Every line from the one containing "- 2分の1地域メッシュ(500m)" to the one containing "0 1,875 3,750 7,500 m" in the records below, both included, must be set down exactly, and no other line.

> _Supplied data_:
========================================

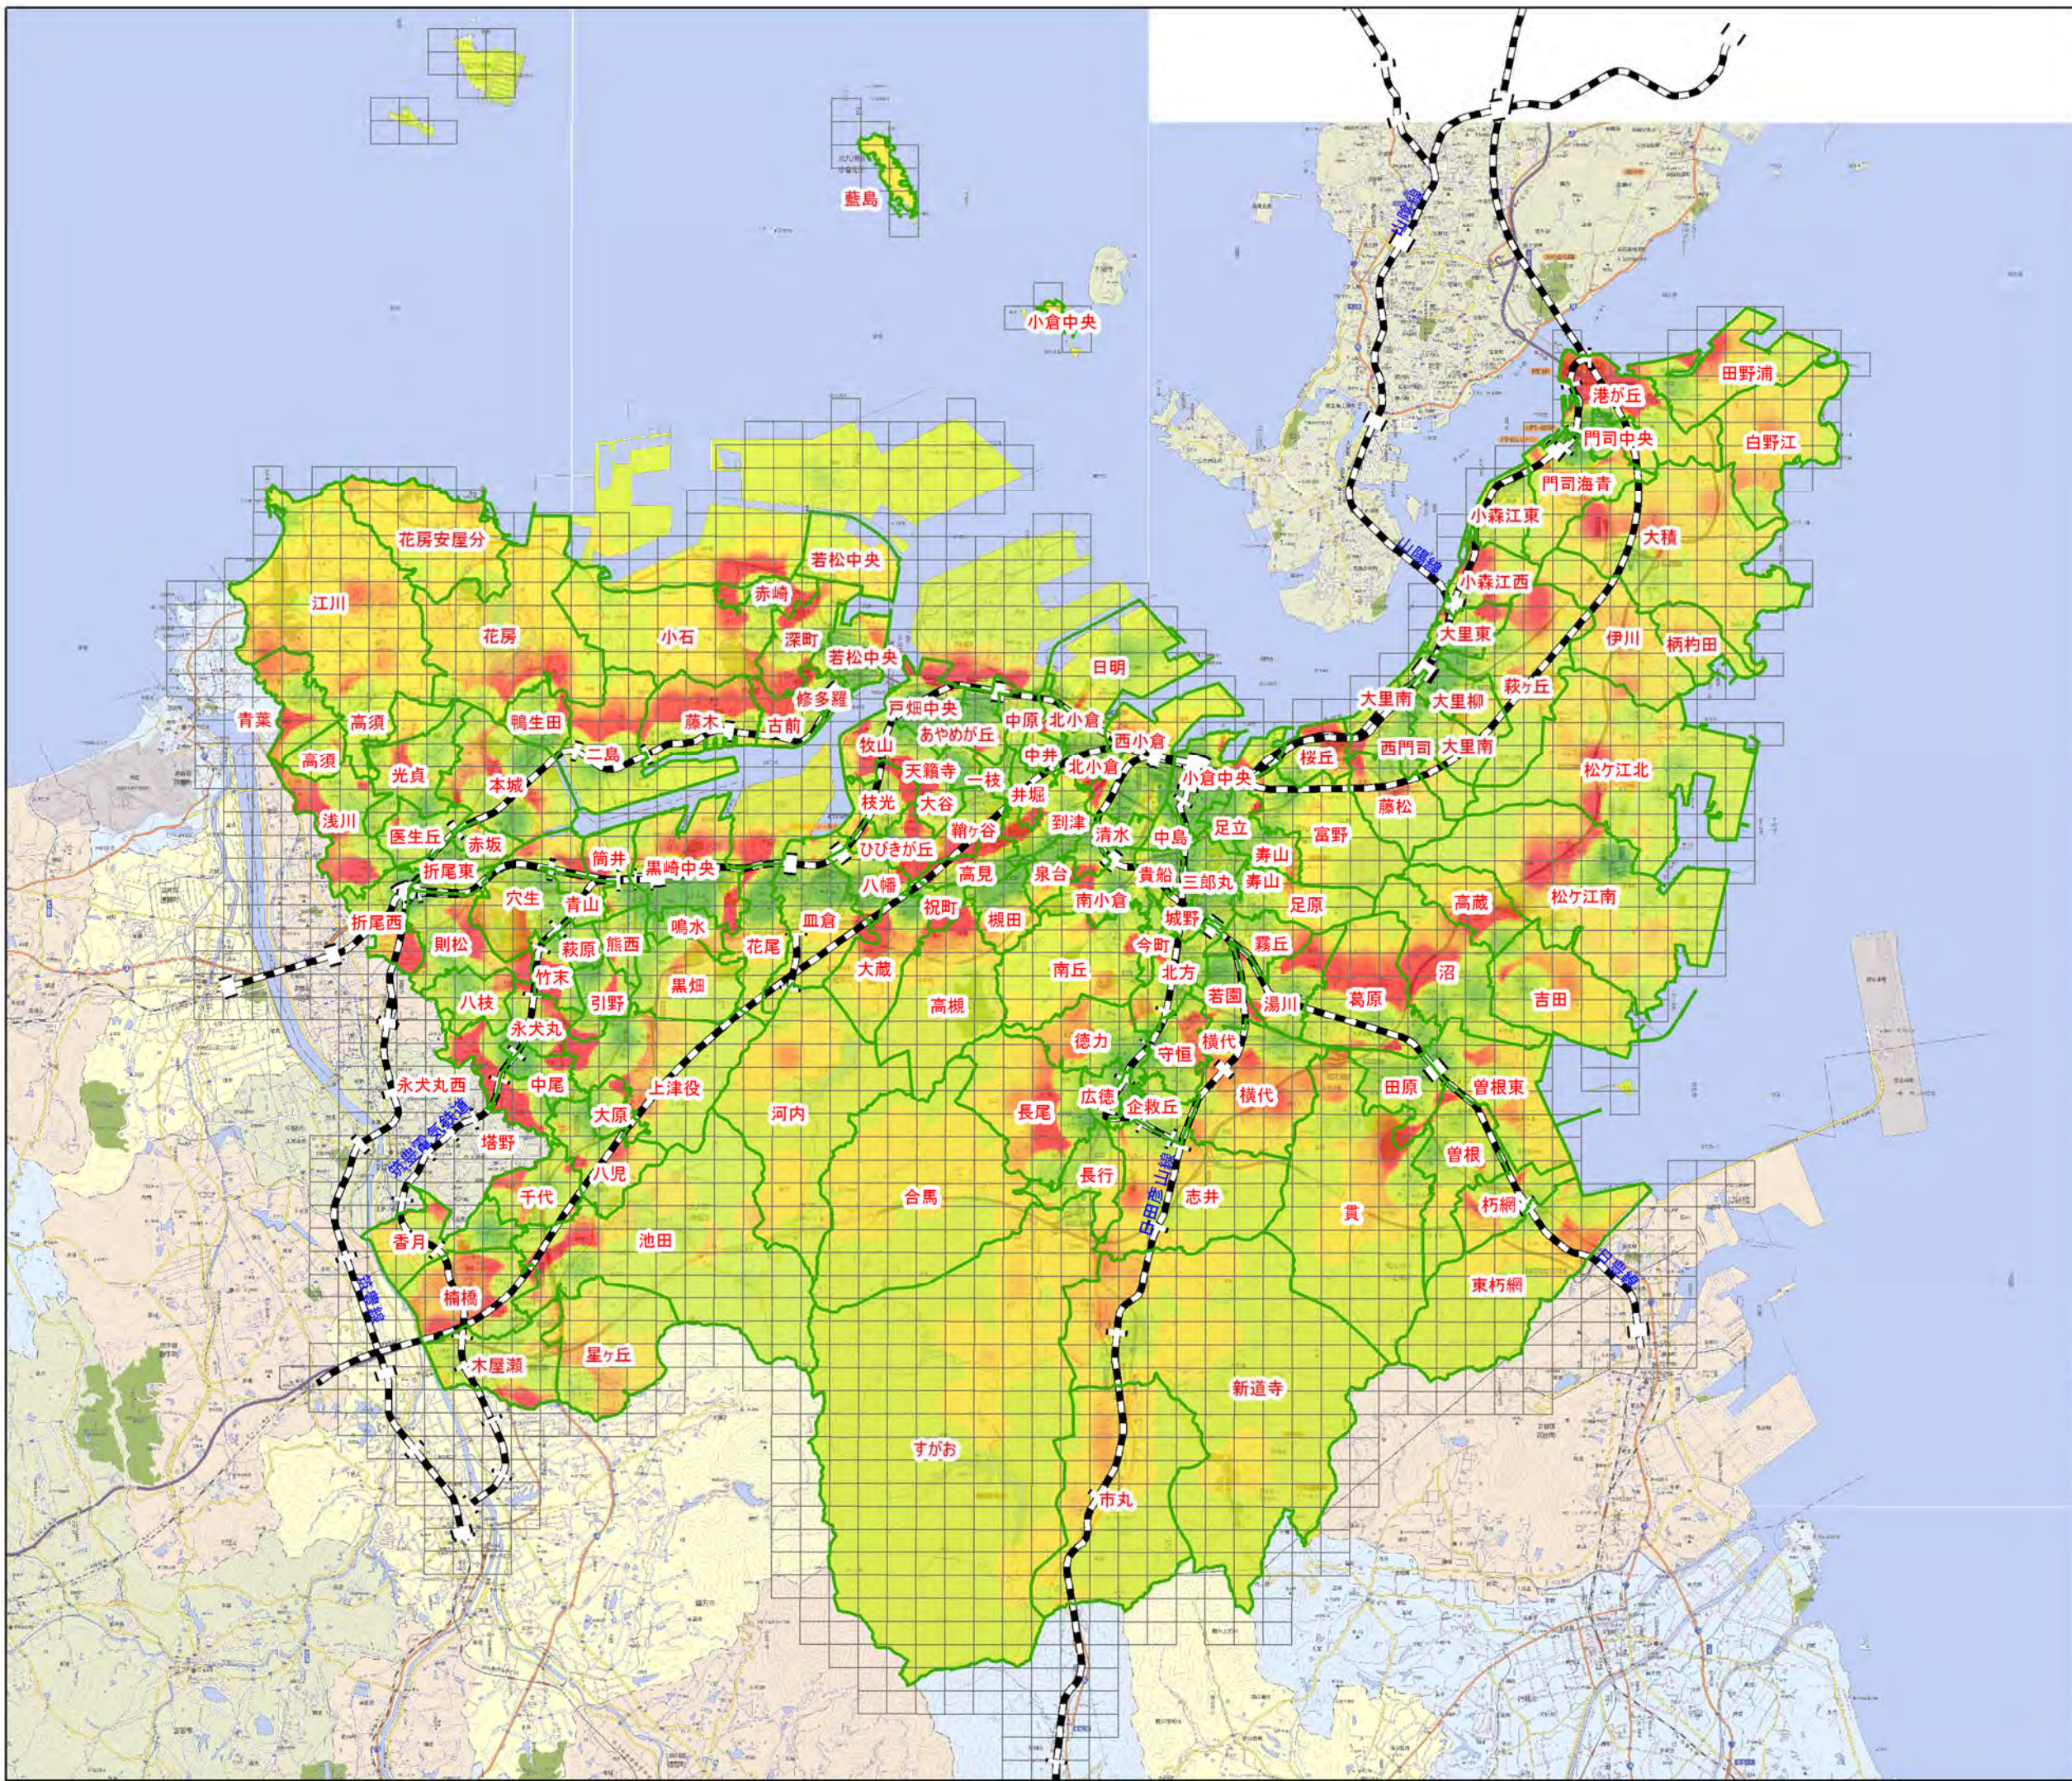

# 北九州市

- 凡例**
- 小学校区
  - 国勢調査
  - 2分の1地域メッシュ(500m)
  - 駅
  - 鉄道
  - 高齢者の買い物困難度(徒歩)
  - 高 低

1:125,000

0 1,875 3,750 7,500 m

========================================

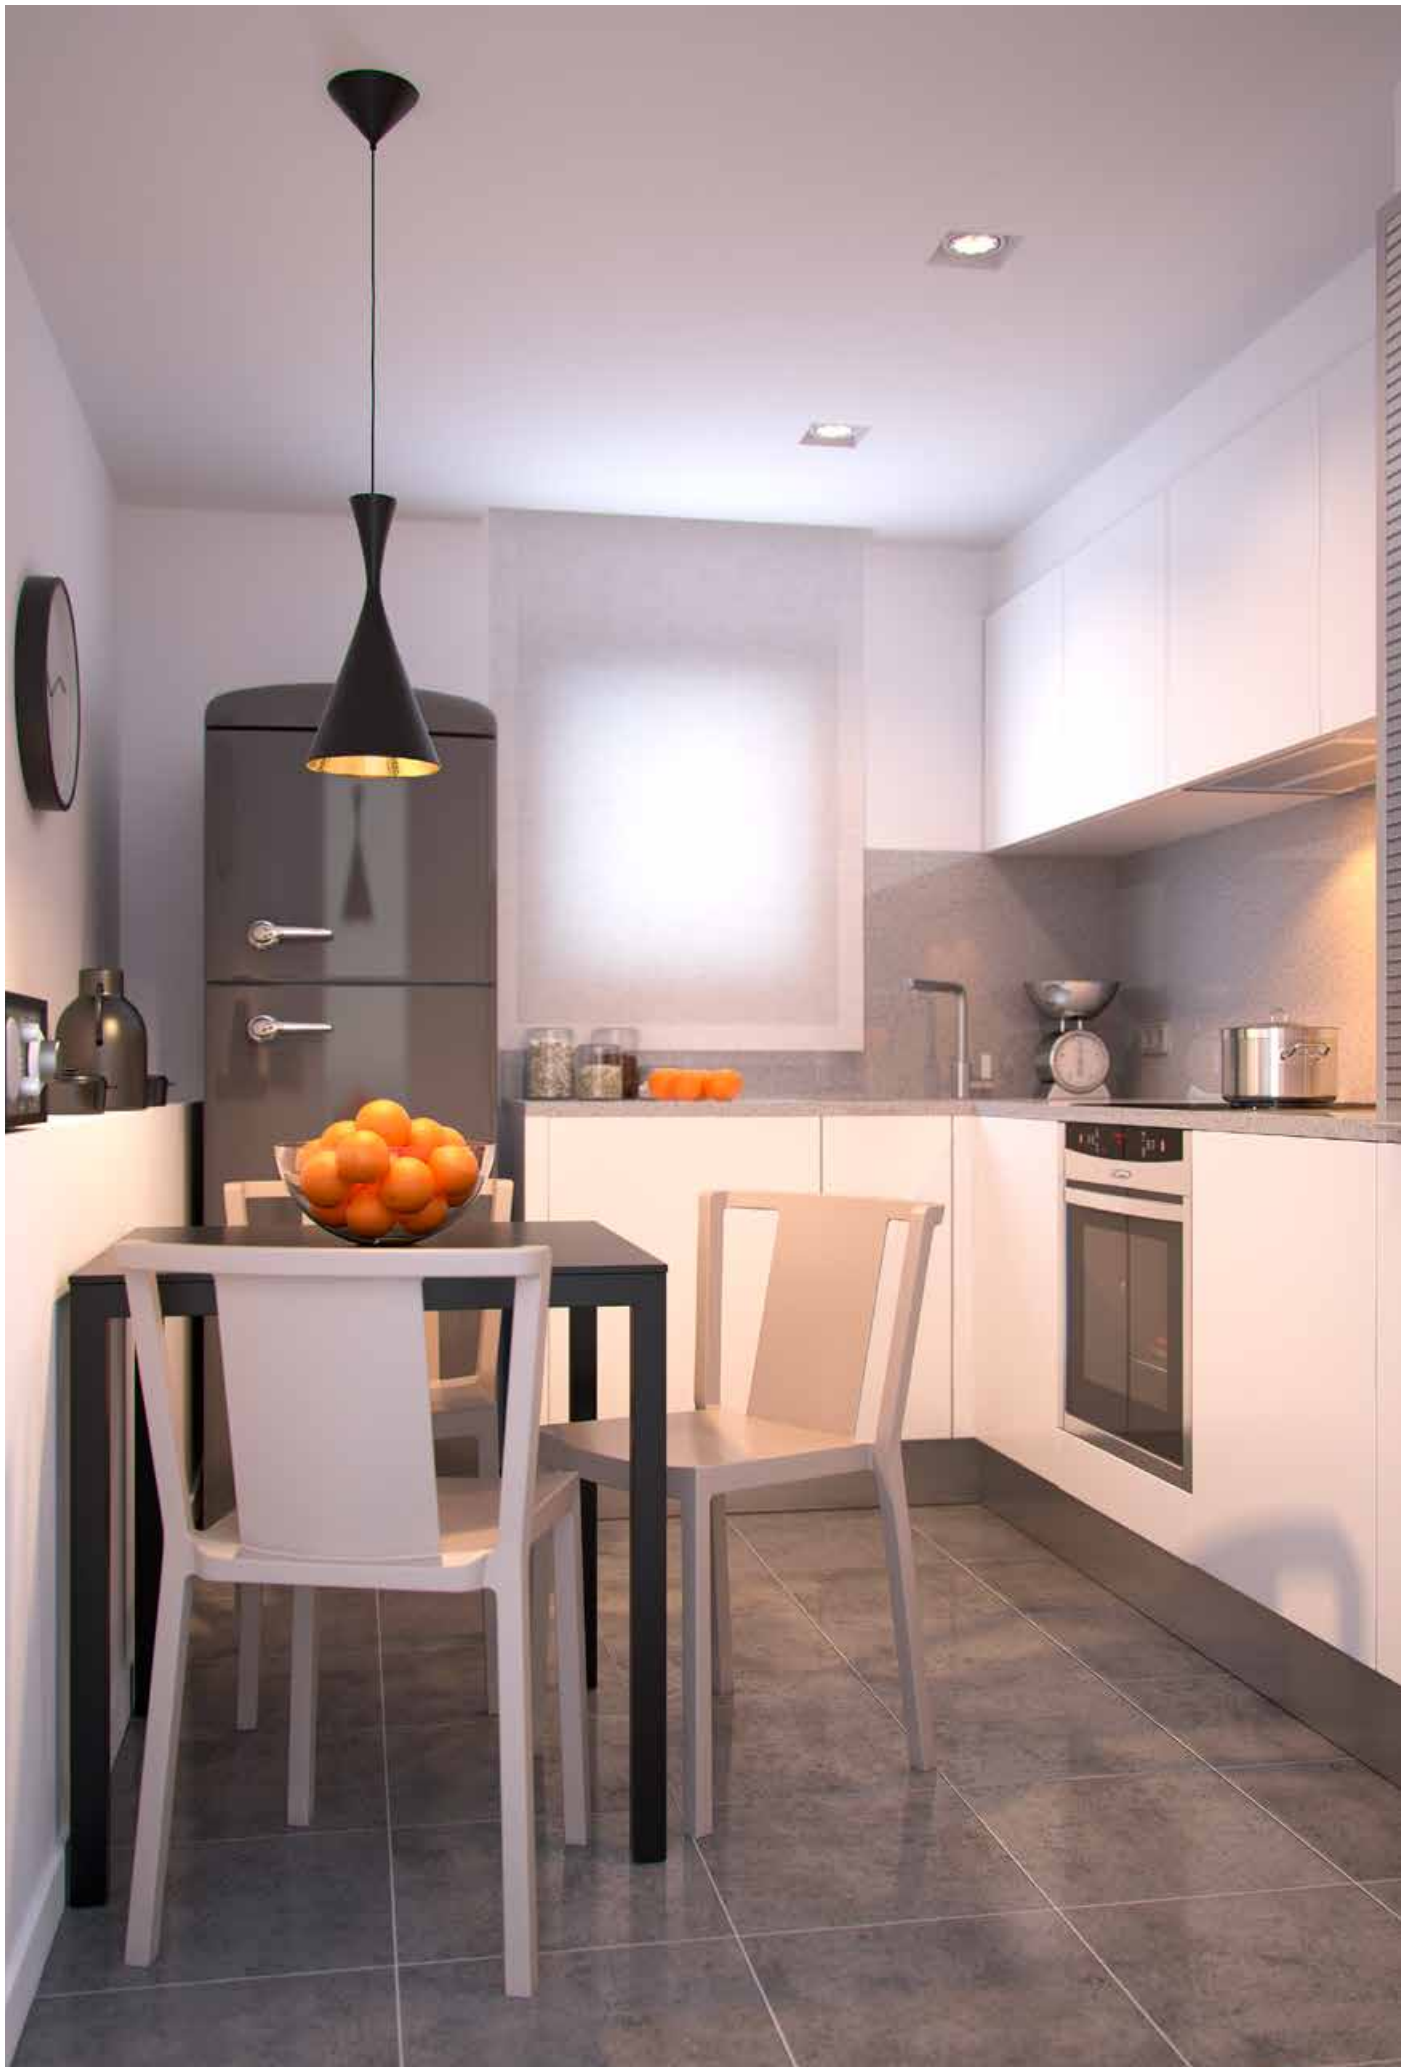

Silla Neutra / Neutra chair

========================================

> _Written response_:
  - 2分の1地域メッシュ(500m)
  - 駅
  - 鉄道
  - 高齢者の買い物困難度(徒歩)
  - 高 低

1:125,000

0 1,875 3,750 7,500 m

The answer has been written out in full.